Der Neusser Raum war schon vor den Römern besiedelt. Dies zeigen archäologische Funde aus dem Stadtgebiet, darunter ein rund 30.000 Jahre altes Messer aus der letzten Eiszeit.

In den ersten Jahrtausenden nach dem Ende der Eiszeit, der Mittelsteinzeit (Mesolithikum), leben die Menschen als Wildbeuter. Feuersteinabschläge und -geräte in der Erde markieren noch heute ihre Lagerplätze in Neuss, so am Norfbach, im Roseller Bruch und in der Hummelbachaue.
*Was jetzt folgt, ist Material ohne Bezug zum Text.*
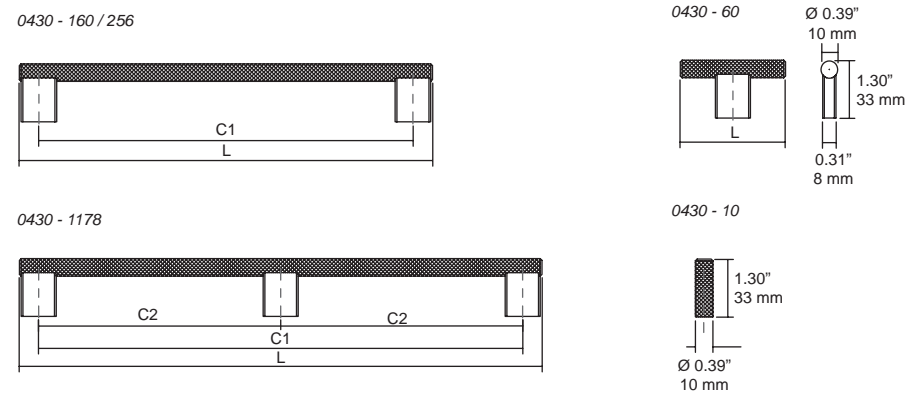

0430 **GRAF MINI** ALUMINIUM Designer: Viefte Studio

L24 Stainless steel look	L291 Brushed brass	L30 Brushed black	C1	C2	L	↓	☐
0430010L24	0430010L291	0430010L30	-	-	0.39" / 10 mm	1	25
0430060L24	0430060L291	0430060L30	-	-	2.36" / 60 mm	1	25
0430160L24	0430160L291	0430160L30	6.30" / 160 mm	-	7.17" / 182 mm	2	25
0430256L24	0430256L291	0430256L30	10.08" / 256 mm	-	10.94" / 278 mm	2	25
04301178L24	04301178L291	04301178L30	46.38" / 1178 mm	23.19" / 589 mm	47.24" / 1200 mm	3	10

Includes non-twisting tip
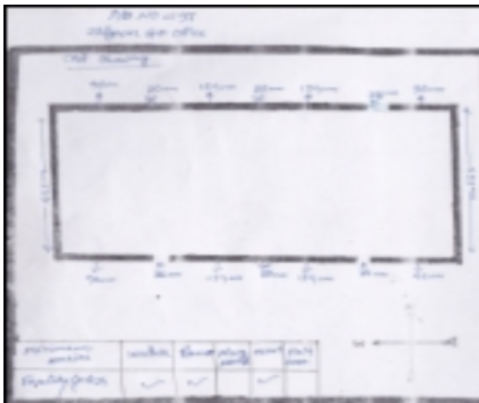

নিৰ্বাচক পঞ্জীয়ন বিষয়াৰ স্বাক্ষৰ

Nazri Naksha

Google Map View

Polling Station Building Front View

ভোটগ্রহন কেন্দ্ৰৰ সন্মুখৰ দৃশ্য

Cad View

Key MAP View

1 নাম : পদমনি নাথ স্বামীৰ নাম: বানেশ্বৰ নাথ ঘৰ নং : 2 বয়স : 51 লিঙ্গ : মহিলা	HPS1362227 ফটো উপলব্ধ	2 নাম : ভিতালী শিৱম পিতাৰ নাম: বানেশ্বৰ নাথ ঘৰ নং : 2 বয়স : 22 লিঙ্গ : মহিলা	SHW0060145 ফটো উপলব্ধ	3 নাম : অনীতা ৰাভা স্বামীৰ নাম: হেৰম্ব বনিয়া ঘৰ নং : 6 বয়স : 29 লিঙ্গ : মহিলা	BSW0252353 ফটো উপলব্ধ
4 নাম : মৃগাংক জ্যোতি নাথ পিতাৰ নাম: নাৰায়ন চন্দ্ৰ নাথ ঘৰ নং : 35 বয়স : 21 লিঙ্গ : পুৰুষ	SHW0040097 ফটো উপলব্ধ	5 নাম : তৰালী হাজৰিকা পিতাৰ নাম: সৰোজ কুমাৰ হাজৰিকা ঘৰ নং : 55 বয়স : 22 লিঙ্গ : মহিলা	HPS2069144 ফটো উপলব্ধ	6 নাম : হীৰামনি দেবী স্বামীৰ নাম: উমেশ নাথ ঘৰ নং : 68 বয়স : 38 লিঙ্গ : মহিলা	SHW0096677 ফটো উপলব্ধ
7 নাম : দিপীকা নাথ স্বামীৰ নাম: পৌতম নাথ ঘৰ নং : 76 বয়স : 33 লিঙ্গ : মহিলা	HPS1850584 ফটো উপলব্ধ	8 নাম : ৰক্তিম ৰঞ্জন শইকীয়া পিতাৰ নাম: ত্ৰৈলোক্য শইকীয়া ঘৰ নং : ৮৯ বয়স : 19 লিঙ্গ : পুৰুষ	SHW0080580 ফটো উপলব্ধ	9 নাম : ধনজিৎ নাথ পিতাৰ নাম: হিতেশ্বৰ নাথ ঘৰ নং : 100 বয়স : 26 লিঙ্গ : পুৰুষ	HPS0396598 ফটো উপলব্ধ
10 নাম : কাকলী শইকীয়া স্বামীৰ নাম: পুৰন নাথ ঘৰ নং : 135 বয়স : 40 লিঙ্গ : মহিলা	HPS1854053 ফটো উপলব্ধ	11 নাম : তপেশ্বৰ শইকীয়া পিতাৰ নাম: জগ্ৰুৰাম শইকীয়া ঘৰ নং : 145 বয়স : 76 লিঙ্গ : পুৰুষ	HPS1853185 ফটো উপলব্ধ	12 নাম : ধৰ্মেশ্বৰী শইকীয়া স্বামীৰ নাম: তপেশ্বৰ শইকীয়া ঘৰ নং : 145 বয়স : 59 লিঙ্গ : মহিলা	HPS1853196 ফটো উপলব্ধ
13 নাম : ৰাকেশ নাথ পিতাৰ নাম: ভবেন্দ্ৰ নাথ ঘৰ নং : 145 বয়স : 25 লিঙ্গ : পুৰুষ	HPS0384735 ফটো উপলব্ধ	14 নাম : অনামিকা নাথ পিতাৰ নাম: ভবেন্দ্ৰ নাথ ঘৰ নং : 145 বয়স : 20 লিঙ্গ : মহিলা	SHW0015230 ফটো উপলব্ধ	15 নাম : চন্দামিতা বৰা স্বামীৰ নাম: পৰেশ কুমাৰ শইকীয়া ঘৰ নং : 151 বয়স : 34 লিঙ্গ : মহিলা	SHW0038554 ফটো উপলব্ধ
16 নাম : ডিগগিৰাজ সিৰম পিতাৰ নাম: সশধৰ হাজাৰিকা ঘৰ নং : 231 বয়স : 21 লিঙ্গ : পুৰুষ	HPS2054435 ফটো উপলব্ধ	17 নাম : কংকনা ৰায় স্বামীৰ নাম: দলাল চন্দ্ৰ নাথ ঘৰ নং : 282 বয়স : 27 লিঙ্গ : মহিলা	HPS0394320 ফটো উপলব্ধ	18 নাম : পূৰ্বী দেবী পিতাৰ নাম: তিলেশ্বৰ নাথ ঘৰ নং : 298 বয়স : 41 লিঙ্গ : মহিলা	HPS1892984 ফটো উপলব্ধ
19 নাম : জ্যোতি দেবী স্বামীৰ নাম: অনুপ শইকীয়া ঘৰ নং : 386 বয়স : 38 লিঙ্গ : মহিলা	JRQ1535871 ফটো উপলব্ধ	20 নাম : লক্ষেশ্বৰ নাথ পিতাৰ নাম: বলিৰাম নাথ ঘৰ নং : ৩৯৭ বয়স : 54 লিঙ্গ : পুৰুষ	HPS1849952 ফটো উপলব্ধ	21 নাম : সত্য ৰঞ্জন নাথ পিতাৰ নাম: নৰেন্দ্ৰ নাথ ঘৰ নং : ৩৯৭ বয়স : 49 লিঙ্গ : পুৰুষ	HPS1849918 ফটো উপলব্ধ
22 নাম : ধনদা নাথ স্বামীৰ নাম: ভবেন নাথ ঘৰ নং : ৩৯৭ বয়স : 48 লিঙ্গ : মহিলা	HPS1849941 ফটো উপলব্ধ	23 নাম : বিপুল কুমাৰ নাথ নাথ পিতাৰ নাম: নৰেন্দ্ৰ নাথ ঘৰ নং : ৩৯৭ বয়স : 46 লিঙ্গ : পুৰুষ	HPS1849930 ফটো উপলব্ধ	24 নাম : মিন্টু ৰানী দেৱী স্বামীৰ নাম: লক্ষেশ্বৰ নাথ ঘৰ নং : ৩৯৭ বয়স : 42 লিঙ্গ : মহিলা	HPS0014366 ফটো উপলব্ধ
#2 25 নাম : ভাৰ্গৱ জ্যোতি নাথ পিতাৰ নাম: বাপন চন্দ্ৰ নাথ ঘৰ নং : ৩৯৭ বয়স : 37 লিঙ্গ : পুৰুষ	HPS1849963 ফটো উপলব্ধ	26 নাম : ভাগ্যশ্ৰী শইকীয়া স্বামীৰ নাম: সত্য ৰঞ্জন নাথ ঘৰ নং : 397 বয়স : 35 লিঙ্গ : মহিলা	SHW0106237 ফটো উপলব্ধ	27 নাম : মৌচুমী নাথ স্বামীৰ নাম: বিপুল কুমাৰ নাথ ঘৰ নং : 397 বয়স : 34 লিঙ্গ : মহিলা	SHW0057687 ফটো উপলব্ধ
28 নাম : হীৰকজ্যোতি নাথ পিতাৰ নাম: ভবেন চন্দ্ৰ নাথ ঘৰ নং : ৩৯৭ বয়স : 26 লিঙ্গ : পুৰুষ	HPS0243758 ফটো উপলব্ধ	29 নাম : অংকুৰ জ্যোতি নাথ মাতৃৰ নাম: ধনদা নাথ ঘৰ নং : ৩৯৭ বয়স : 25 লিঙ্গ : পুৰুষ	HPS0394395 ফটো উপলব্ধ	30 নাম : তিলেশ্বৰী দেৱী স্বামীৰ নাম: মনোন্দ্ৰ কুমাৰ নাথ ঘৰ নং : ৩৯৮ বয়স : 72 লিঙ্গ : মহিলা	HPS1849974 ফটো উপলব্ধ
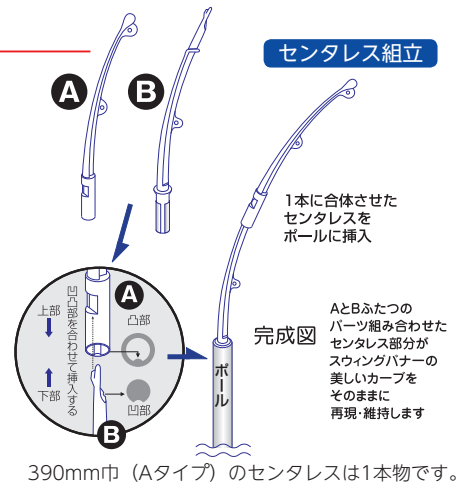

スイングバナー PAT. (別途見積)

(3mポール+センターレス)スイングバナー専用ポール

アール部分の部品が新しくなりました。

390mm巾 (Aタイプ) のセンターレスは1本物です。

★スイングバナーの見積もりは別途です。色数・サイズ・枚数と写真・有・無をお知らせ下さい。

フライングバナー (注水タンク付・屋内仕様) E

フライングバナー (1セット)
上代価格 ¥39,500 (税別)
※バナーは含まれません。

屋内展示会、大型商業施設等の店内でのご使用に最適です。
バナーはシンプルで洗練された形状で、メインポールは丈夫な軽量素材を使用しています。
タンクの容量は20ℓです。

(設置例)

組み立て

※屋外での使用について

屋外でご使用の場合、タンクをMT-5等に変えて頂き、平坦な所に設置して下さい。但し、長期間のご使用はおやめ下さい。
尚、強風時や通行のさまたげになる所などでのご使用はおやめ下さい。

※デザイン、色など多少カタログとは異なる場合があります。

のぼり立て台 (注水タイプ)

竿の差し込み部分が可変式 (アジャスタブル) となっているので、今まで設置できなかった軒先や傾斜した場所などにも幟を立てることが出来る新型の立て台です。

アイボリー

傾斜地に設置される場合、のぼり竿は地面に対して直角にして下さい。

① AB-16型 (可変式) 中国製

上代価格 **¥4,000** (1台あたり/税別)
 入数: 5台 (個装) / 箱
 色: アイボリー
 梱包サイズ 外箱: W約43cm × H約43cm × D約96cm
 個箱: W約20cm × H約41cm × D約41cm

個装 

No	型番	仕様	重量	主要材質	適応パイプ
①	AB-16型 (可変式)	40cm角×高さ 30cm	満水時:16kg 本 体:1.2kg	差入部: ABS 本体: ポリエチレン製	25 φ
②	MT-5型	40cm角×高さ 30cm	満水時:18kg 本 体:1kg	ポリエチレン製	16 φ~30 φ
③	MT-18型	41cm角×高さ 30cm	満水時:18kg 本 体:1kg	ポリエチレン製 (※) 印の色は、受注生産品となります。	16 φ~30 φ
④	M-40型	40cm角×高さ 17.5cm	満水時:20kg 本 体:1kg	ポリエチレン製	22 φ~25 φ
⑤	TS-11型 (個装なし)	35cm角×高さ約 27.5cm	満水時:11kg 本 体:1kg	ポリエチレン製	20 φ~25 φ
⑥	TS-11B型 (個装)

Um 5.500 vor Christus breitet sich im Rheinland die im Vorderen Orient „erfundene“ Landwirtschaft aus – die Jungsteinzeit (Neolithikum) beginnt. Die ersten Bauern pflanzen Getreide, Bohnen und Linsen an und züchten Rinder, Schafe, Ziegen sowie Schweine. Das Neusser Stadtgebiet wird erst im Mittelneolithikum kolonisiert: Siedlungsplätze sind aus Norf und Rosellen bekannt. Um 2.800 vor Christus finden die ersten Metallgegenstände ihren Weg aus dem Süden an den Rhein, aber erst um 1.800 vor Christus hat sich die Bronze, eine Legierung aus Kupfer und Zinn, als Werkstoff so etabliert, dass man die nun folgenden Jahrhunderte als Bronzezeit bezeichnet. Funde dieser Epoche sind im Neusser Stadtgebiet nur spärlich vertreten. Etwa um 700 vor Christus löst das Eisen die Bronze in ihrer Bedeutung als Werkstoff ab. Funde der älteren Vorrömischen Eisenzeit (etwa 700 bis 500 vor Christus) sind aus Allerheiligen, Reuschenberg, Selikum und Gnadental sowie aus der Neusser Innenstadt bekannt. Am Golfplatz in Norf wurden eine Siedlung und ein Friedhof der älteren Vorrömischen Eisenzeit ausgegraben.